MUNDOS PARALELOS
As
breves reflexões de hoje, escritas entre o fim do jantar e a saída para ir
apanhar a camio rumo a Leiria, foram-me inadvertidamente sugeridas por um comentário
tecido por um amigo que muito prezo e respeito, E.. Poderia, ao invés deste par
de considerações, ter enveredado pela matéria fascinante de como detesto fazer
camas com edredões – e detesto MESMO, trata-se de um ódio profundo, difícil de
desentranhar, mesclado com a minha incapacidade absoluta de acertar os ângulos
daquela diabólica espécie de fronha gigantesca – ou pelo quanto gostei de ver o
resultado final do manto “à Joana Vasconcelos” que várias almas trabalhadoras
conimbricenses dedicaram à Rainha Santa.
O
E. – rapaz que, como eu, gosta de Goa – aborda um tema que a todos nos diz
bastante: como caracterizar aquela terra, que tem tantos ângulos sob os quais
pode ser analisada? Sob a lupa da maior parte da sua população –
esmagadoramente hindu e pouco ou nada interessada no que se passa em Portugal?
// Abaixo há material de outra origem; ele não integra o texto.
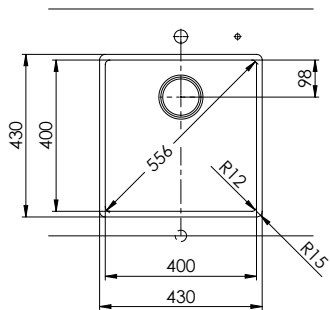

Accento A 40IF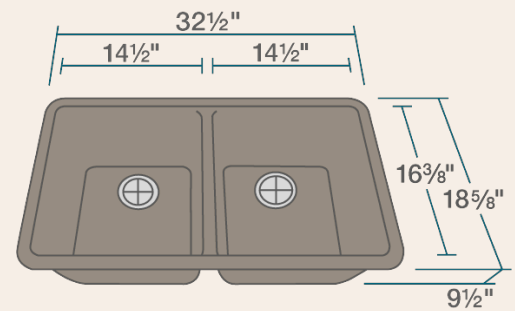

32 1/2" x 18 5/8" x 9 1/2"
 Undermount Installation
 Made with 80% Quartz, 20% Acrylic
 All-Natural Materials - Eco-Friendly and Recyclable
 Offset Drain
 Heat Resistant to 550 Degrees
 Stain Resistant
 Scratch Resistant
 Multiple Colors Available
 Installation Hardware Included
 Limited Lifetime Warranty
 Acrylic Provides Sound Dampening - No Pads Needed

Accessories

*Accessories not included

Available Colors

Features

Undermount Installation 	33" Minimum Cabinet Size 	80% Quartz 20% Acrylic 	Heat Resistant 	Stain Resistant 	Scratch Resistant
Multiple Colors Available 	Cutout Template 	Hardware Included 	cUPC Certified 	Limited Lifetime Warranty 	Two Bowls, Equal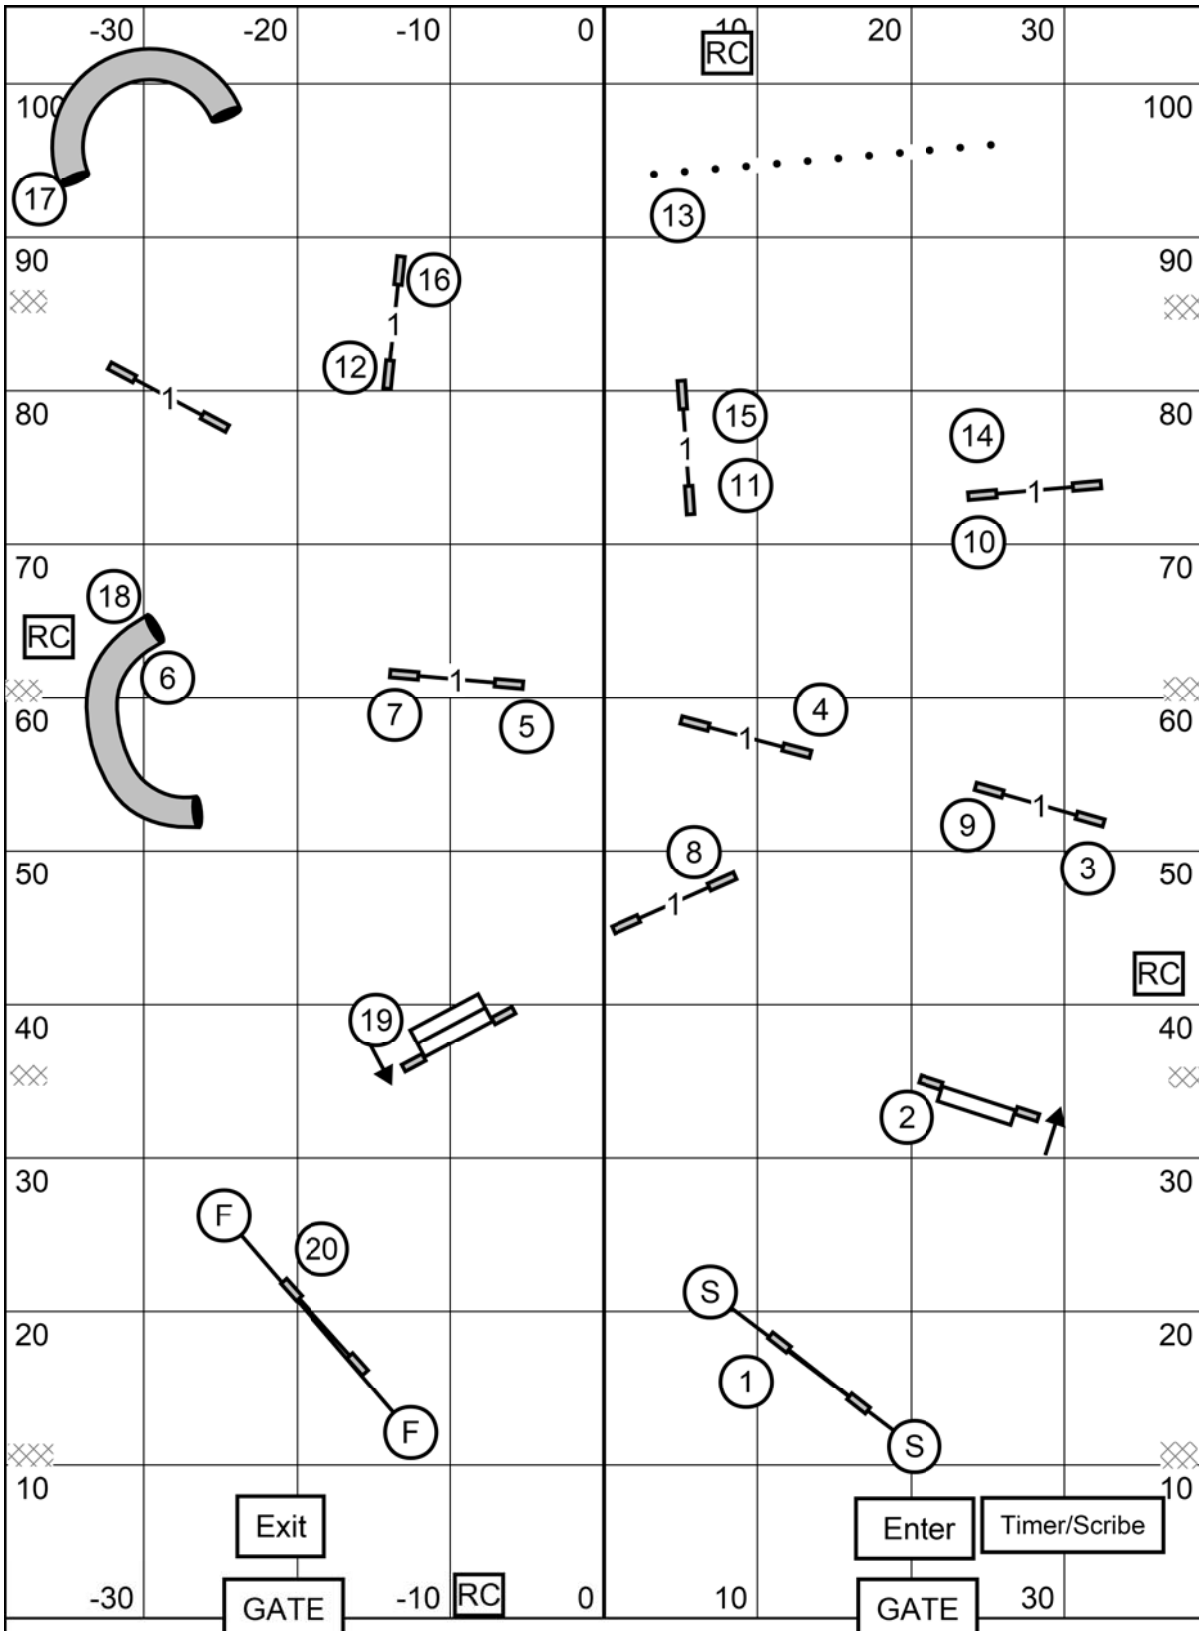

PREMIER STANDARD

Northern Virginia Brittany Club

Indoors on Artificial Turf - 78' x 105' Ring - E-Timers

August 13, 2020 Tom O'Brien

EXCELLENT/MASTER STANDARD
 Northern Virginia Brittany Club
 Indoors on Artificial Turf - 78' x 105' Ring - E-Timers
 August 13, 2020 Tom O'Brien

SEND:
 Exc/Master: 6-5-4 ———
 Open: 6-5-4 - - - - -
 Novice: 6-5 - - - - -

FAST
 Northern Virginia Brittany Club
 doors on Artificial Turf - 78' x 105' Ring - E-Tir
 August 13, 2020 Tom O'Brien

PREMIER JUMPERS with WEAVES

- PREMIER ELEMENTS:**
- 3-4-5 Serpentine
 - 7-8 Pull-thru
 - 11-12 Backside
 - 17-18 Run-By

Southern Virginia Brittany Club
 Artificial Turf - 78' x 105' Ring - E-Timers
 August 13, 2020 Tom O'Brien

EXCELLENT/MASTER JUMPERS with WEAVES

OPEN STANDARD
 Northern Virginia Brittany Club
 Indoors on Artificial Turf - 78' x 105' Ring - E-Timers
 August 13, 2020 Tom O'Brien

Sob a perspetiva dos hippies de há umas décadas e dos fanáticos do trance dos
dias que correm – gente que lá está como poderia estar em qualquer outro local,
desde que lhe fornecessem os ingredientes adequados? Sob o prisma dos muitos
indianos que, hoje, buscam aqueles areais para retemperarem forças durante as
férias? Sob a mirada dos portugueses inadaptados que para lá fogem, na
esperança de, longe de tudo e todos mas sentindo-se num ambiente que apesar de
tudo pode ser exoticamente familiar, refazerem a sua vida e reordenarem a sua
tola? Ou sob o ângulo do mundo cada vez mais brumoso das velhas elites
católicas de Bardez, Salsete e Ilhas?
Pergunto
eu: a grande vantagem deste perigoso cocktail não é, precisamente, poder
escolher-se a visão e a abordagem que mais se conforma com o que nos faz sentir
bem? Terá de haver uma visão dominante? Terá de haver um discurso oficial, uma
grelha que nos imponha um rígido imperativo “Goa é assim”?
Eu
– todos os que me conhecem o sabem – simpatizo profundamente com as ditas
velhas elites católicas. Poderia carpir, numa linguagem eivada de
pseudo-lamentos, a sua decadência e o seu desaparecimento dos palcos principais
da Goa moderna. Mas, na verdade, eu não sei – e, provavelmente, nunca saberei –
se lá fazem, hoje, efetivamente, falta. Poderia, por outro lado, diabolizar o
seu legado. Mas, na verdade, eu estou longe de o considerar (ao tomá-lo como um
todo) nocivo. Poderia, pura e simplesmente (como tantos fazem) ignorá-lo. Mas
elas não deixam, pois, na sua discrição, são demasiado visíveis.
Tal
como Orlando Ribeiro (entre vários outros) eu senti-me em casa junto deste pequeno
grupo. À semelhança do grande geógrafo, experimentei as semelhanças –
extraordinárias, pelo muito que os distancia e os aproxima – existentes entre
ele e as velhas elites dos Açores ou das Beiras, que tão bem conheço.
Em
2006, um parente. E.O., publicou um vasto e precioso tratado sobre genealogias
da Beira. O lançamento foi tão discreto quão cheio de significado. Toda a “fidalguia”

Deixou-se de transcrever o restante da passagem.